UNITED STATES DISTRICT COURT FOR THE MIDDLE DISTRICT OF TENNESSEE NASHVILLE DIVISION
Jan 26, 2012
Case No. 3:11-cv-00188 (M.D. Tenn. Jan. 26, 2012)

Opinion

Case No. 3:11-cv-00188

01-26-2012

SAEID AZAMTARRAHIAN, Plaintiff, v. JOHN GRANT, FEDERAL BUREAU OF INVESTIGATION, and UNITED STATES DEPARTMENT OF JUSTICE Defendants.


Judge Campbell / Knowles

REPORT AND RECOMMENDATION


I. Introduction and Background

This matter is before the Court upon a Motion to Dismiss, or Alternatively, For Summary Judgment filed by Defendants Special Agent Grant, Federal Bureau of Investigation ("FBI"), and Department of Justice ("DOJ"). Docket No. 21. Along with their Motion, Defendants have contemporaneously filed a supporting Memorandum of Law (Docket No. 28); a Certification from United States Attorney Jerry Martin that Defendant Grant was acting within the scope of his employment as an employee of the United States at the time of the relevant incidents (Docket No. 23); and the Declarations of Defendant Grant (Docket No. 24), David Hardy (Docket No. 25), and Shawn Thomas (Docket No. 26).

Plaintiff has not filed a Response.

Plaintiff, pro se, filed the instant action alleging "violations of Plaintiff's Civil Rights, Racial Profiling, Intentional infliction of emotional/mental distress, Harassment, Negligent infliction of emotional/mental distress, Oppression, Intimidation, Discrimination, tort of outrage, Nonfeasance, neglect, abuse of discretion, Administrative Procedures Act, official misconduct, Freedom of Information Act." Docket No. 1. Plaintiff sues Special Agent Grant, FBI Nashville, FBI Headquarters, Jerry Martin, Eric Holder, and the DOJ. Id. Plaintiff seeks an Order requiring Defendants to answer the complaint; an award of "punitive damages and exemplary damages"; any and all statutory attorney fees, costs, and expenses; any "other relief as the Court deems just and proper"; an award of "nominal damages" and "trebel damages"; an Order requiring each Defendant to issue a formal hand-written apology to Plaintiff within 30 days of the judgment; the issuance of a Writ of Mandamus requiring Defendants to investigate his complaint, review the local investigation, and give Plaintiff a full and reasonable written response to his complaint within 30 days of the judgment; an Order requiring Defendants to release the name of the Agent within 30 days of the judgment; and an Order requiring Defendants to send all Plaintiff's requests to Plaintiff's address via United States First Class Postal mail with postage pre-paid by Defendants within 30 days of the judgment. Id.

Defendants Jerry Martin and Eric Holder were terminated as parties in this action in an Order entered March 9, 2011. Docket No. 4.

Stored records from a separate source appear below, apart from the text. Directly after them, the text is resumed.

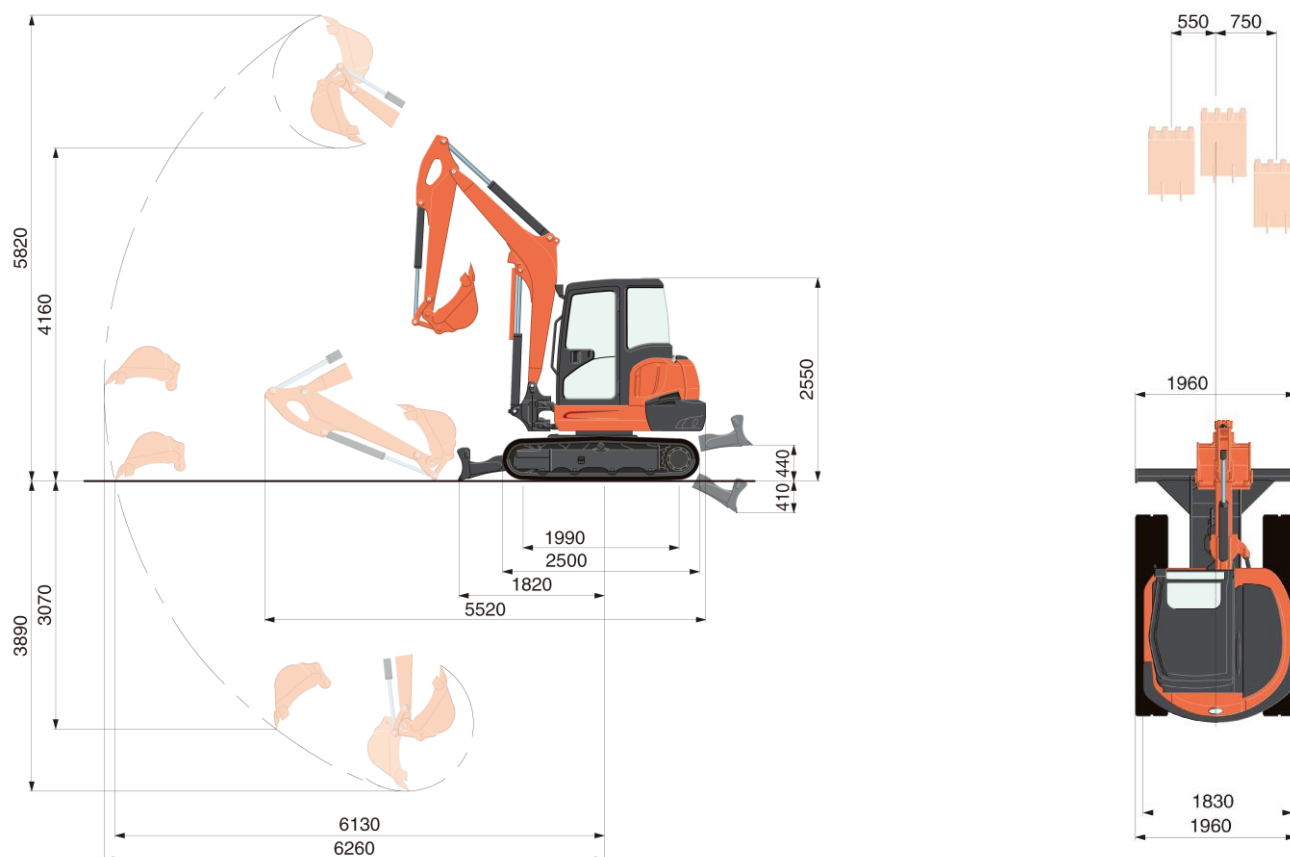

Technische Daten:

max. Grabtiefe:	3,89 m
max. seitliche Reichweite	6,26 m
max. Außbrechkraft (am Löffelstiel)	4230 daN
Transportlänge:	5,52 m
Transporthöhe:	2,55 m
Transportbreite:	1,96 m
Planierschild - Abmessungen:	1,96 m x 0,41 m
Eigengewicht:	5545 kg
Fahrgeschwindigkeit:	2,8km/h (1.Gang) 4,9km/h (2.Gang)
Antriebsart:	Gummikette
Motor:	46 PS Diesel
Sonstiges:	Universalgreifer Holzspalter

Symbolfoto:

Geringe typen- und herstellerbezogene Abweichungen sind möglich.

Abmessungen:

„einfach anfragen – wir unterstützen Sie bei Ihren Aufgaben mit unseren Geräten!“

Defendants argue that Plaintiff's Complaint should be dismissed with prejudice because: (1) Plaintiff's Complaint fails to state a claim upon which relief can be granted; (2) Plaintiff's tort claims must be dismissed because Defendant Grant was acting in the official scope of his federal employment, such that the only tort remedy available to Plaintiff would be under the Federal Tort Claims Act, which requires that Plaintiff exhaust his administrative remedies, and Plaintiff has not done; so (3) Plaintiff's official capacity constitutional claims against Defendants must be dismissed because such claims are actually claims against the United States, which has not waived its sovereign immunity from suits for damages based on assertions that its employee's conduct has violated the Constitution; (4) to the extent that Plaintiff's Complaint can be construed to allege a Bivens action against Defendant Grant in his individual capacity, that claim must fail as Defendant Grant has qualified immunity from suit; and (5) the references in the Complaint to the Freedom of Information Act and the Administrative Procedure act fail to allege sufficient facts to state a claim upon which relief can be granted, and fail as a matter of law. Docket No. 28.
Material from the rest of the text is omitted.